> **About this exercise**: Your task is to copy the lines of the data below from the line holding "Albany Unified School District (Subject Area 1)" through the line holding "Albany Unified School District (Subject Area 3)", inclusive, exactly and with nothing added.

> **Data to process**:
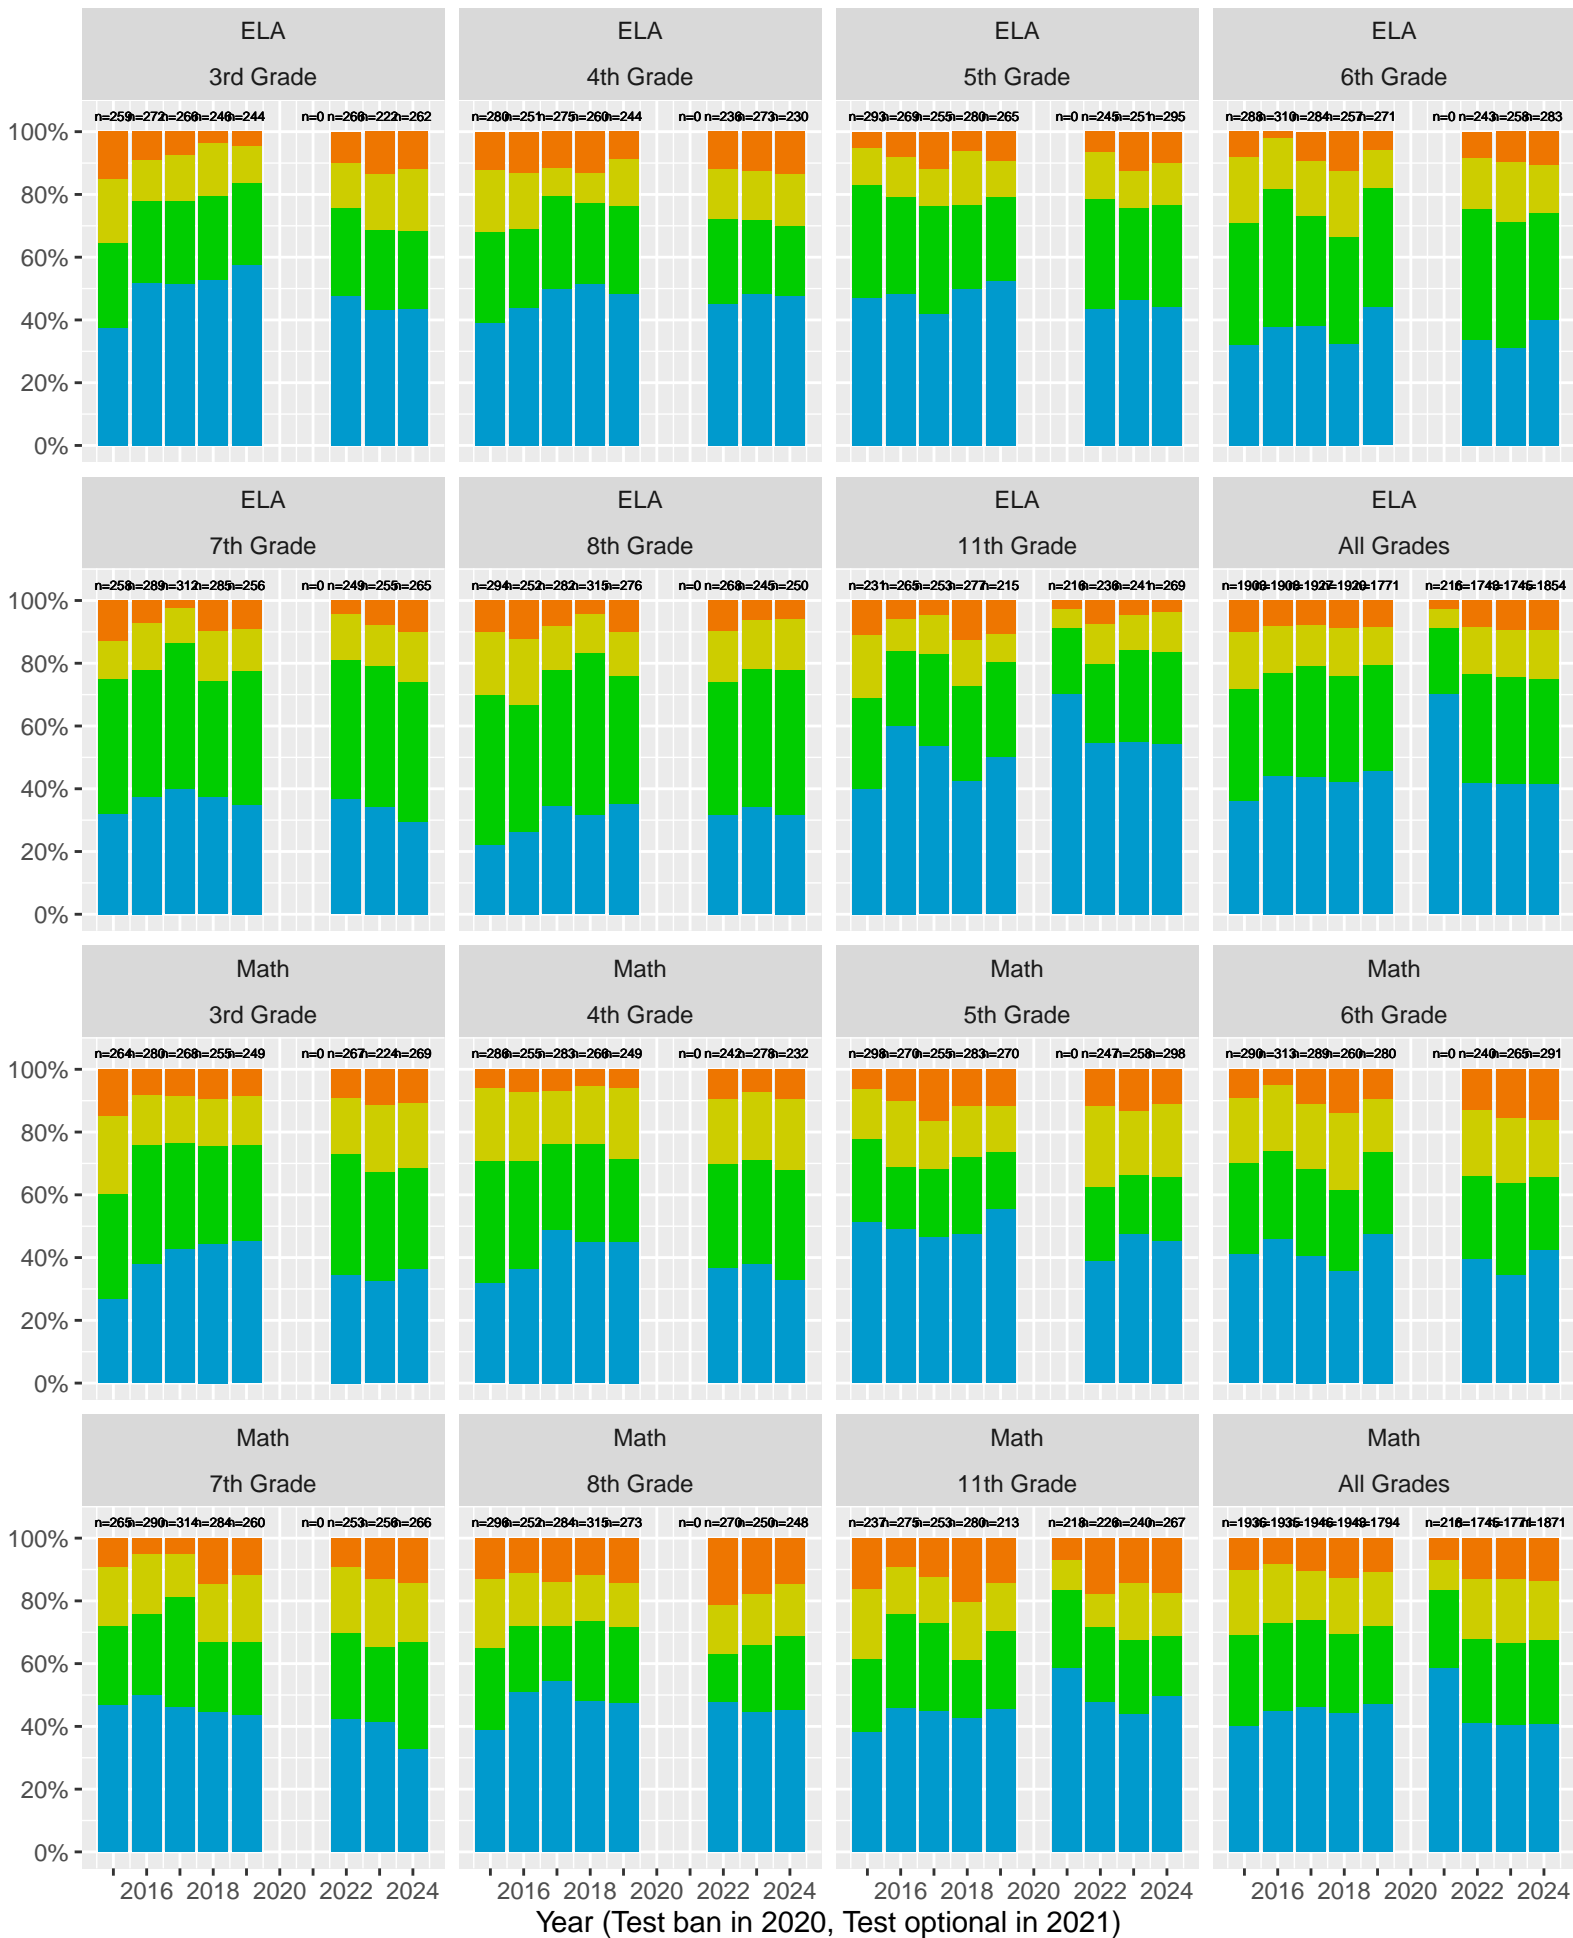

2015–24 CAASPP Trends for the Albany Unified School District

November 2024
Piedmont, California

TABLE OF CONTENTS

High Level ELA and Math, trending by Year and broken out by Grade.....	p 3
Year over Year (YoY) variation by Grade for Standard Met (and Exceeded).....	p 4
ELA and Math drilldown to Subject Areas 1–4, by Year, by Grade.....	p 5–8
Racial Distribution of Students in 2024.....	p 9
All Grade ELA and Math by Sex, (Non–)White, Disadvantage, Parent Ed.....	p 10–13
CAST Life Sciences, Physical Science, Earth and Space Science.....	p 14–16
CAST Life Sciences, Earth and Space by Sex.....	p 17
CAST Physical Science by (Non–)White, Parent Education.....	p 18–19

CAASPP Test Performance: Albany Unified School District

Key: Standard Exceeded Standard Met Standard Nearly Met Standard Not Met

Grades stacked (trends, variance, outliers)

Albany Unified School District (Subject Area 1)

Key: ■ Above Standard ■ Near Standard ■ Below Standard

Albany Unified School District (Subject Area 2)

Key: ■ Above Standard ■ Near Standard ■ Below Standard

Albany Unified School District (Subject Area 3)
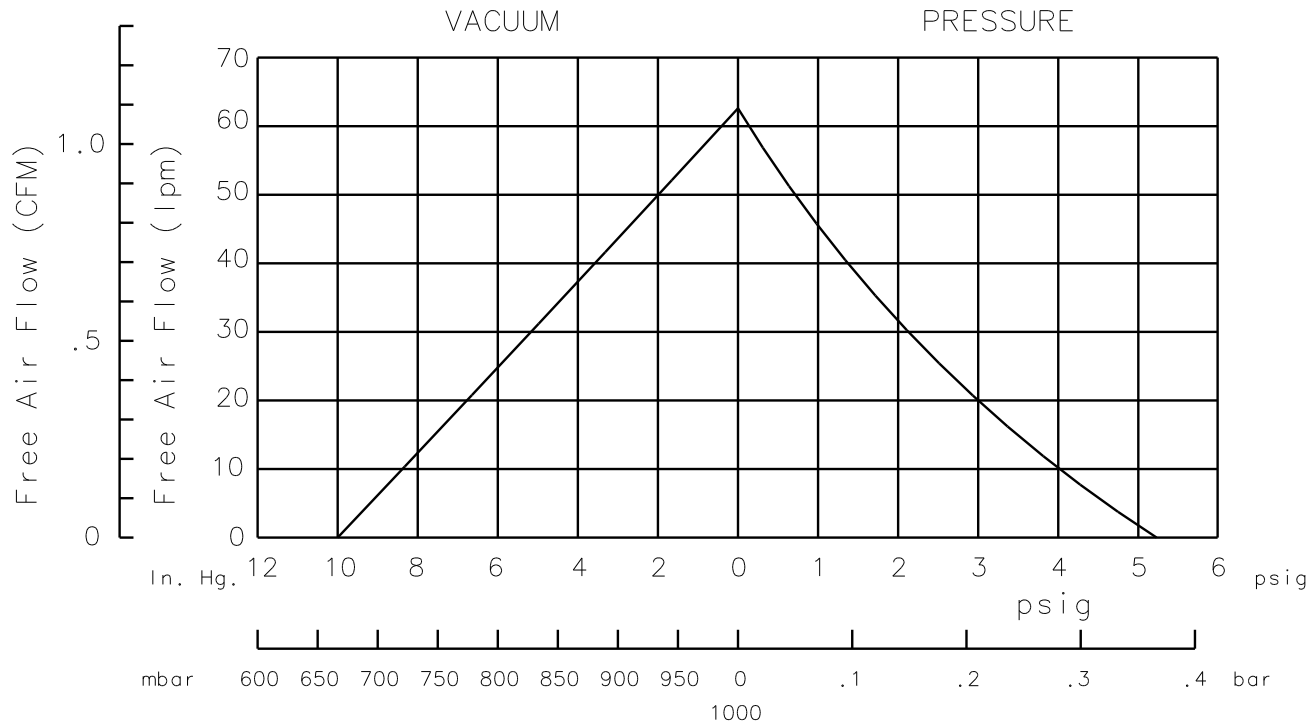

PRODUCT SPECIFICATION				PART NUMBER: VTD209	REV. A	GAST A UNIT OF DEX CORPORATION BENTON HARBOR, MI U.S.A. P.O. Box 97 Ph: 269-926-6171 Fax: 269-925-8288
				MODEL NUMBER: DBM30B-101	DATE: 4-19-10	
<48 d(B)A	°C	20-80	1.7 kg.			
V	A	W	Hz			
115	0.32	28	60			

NOTES:

1. PRODUCT DIMENSIONS: ALL DIMENSIONS ARE REFERENCE ONLY.
2. TECHNICAL DATA SUBJECT TO CHANGE WITHOUT NOTICE.

PERFORMANCE

DIMENSIONS (mm)
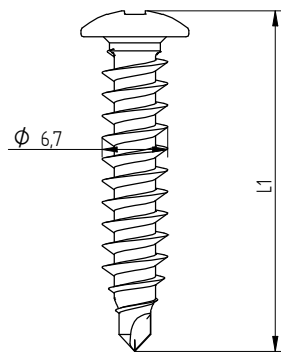

Eurofast DFHD
6,7 x 32

Combination:
Eurofast DVP-EF-7007D
Eurofast DFHD 6,7 x 32

Van Roij Fasteners Europe b.v.
Jan Tooropstraat 16
NL-5753 DK Deurne
copyright © 12.2015
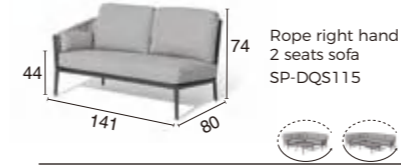

LUVIA SOFA SET
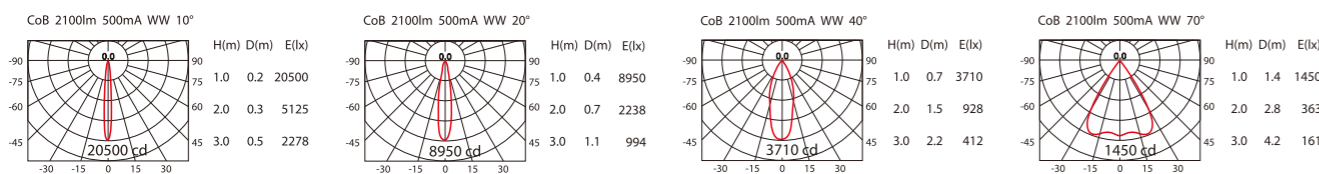

Cut out :
Ø150

1000lm
1500lm
*2100lm

LAMP: CITIZEN CoB

POWER:
*17.5W (500mA, 35V)
*2100lm for standard application

INPUT: AC 100 - 240V

ODG-106B

COLOR : WK BJ SB LED COLOR : WW NW

Cut out :
Ø200
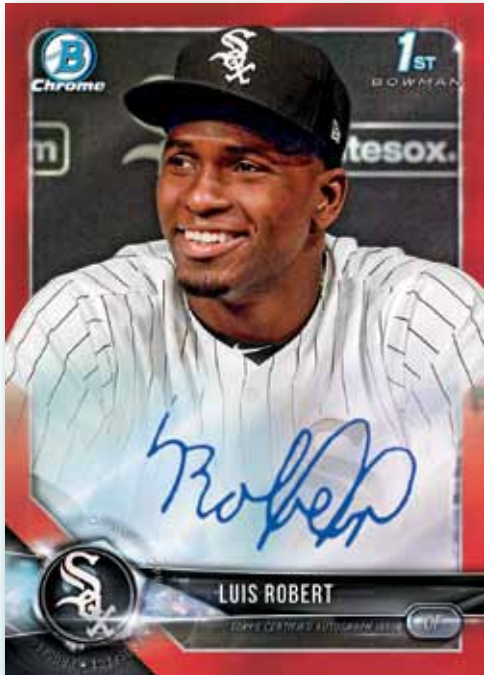

# Bowman®

THE FIRST PLACE TO FIND  
THE GAME'S FUTURE STARS

Chrome Prospect Autograph Card –  
Red Refractor

ROY Favorites – Autograph Gold Refractor

The 2018 Bowman® Baseball Hobby Box will continue to deliver  
1 autograph card per box.
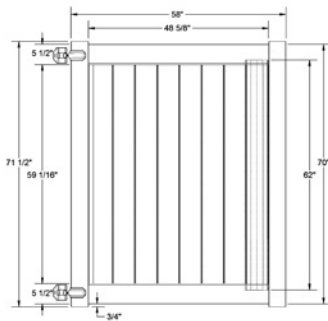

QS QuickShip available in White and Sand only. Applies to: Fence Panels; Line, Corner, End and Gate Posts; and 4' and 5' Wide Gates.

WALK GATE

FENCE PANEL

DRIVE GATE

MATERIAL PER SECTION

QTY	ITEM	DIMENSION
2	Rails	1 3/4" x 7" x 94"
15	T&G Boards	7/8" x 6' x 62"
2	U-Channels	1.02" x 1.379" x 59 1/2"
1	Aluminum Rail Stiffener	1.54" x 1.60" x 93"
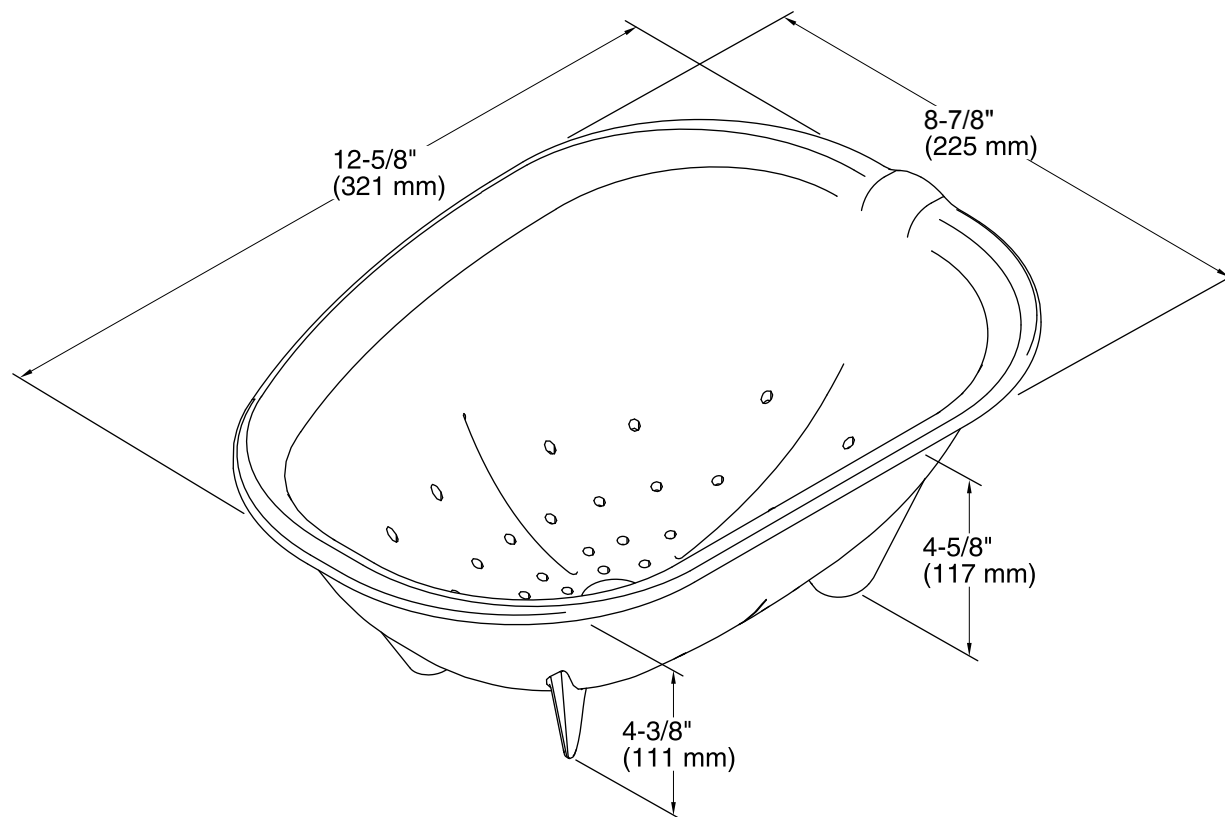

### Features

- Fits over the left bowl of the K-5839 Woodfield kitchen sink.
- Durable polypropylene construction.
- Dishwasher safe.

#### Technical Information

All product dimensions are nominal.

> **Response**:
Albany Unified School District (Subject Area 1)

Key: ■ Above Standard ■ Near Standard ■ Below Standard

Albany Unified School District (Subject Area 2)

Key: ■ Above Standard ■ Near Standard ■ Below Standard

Albany Unified School District (Subject Area 3)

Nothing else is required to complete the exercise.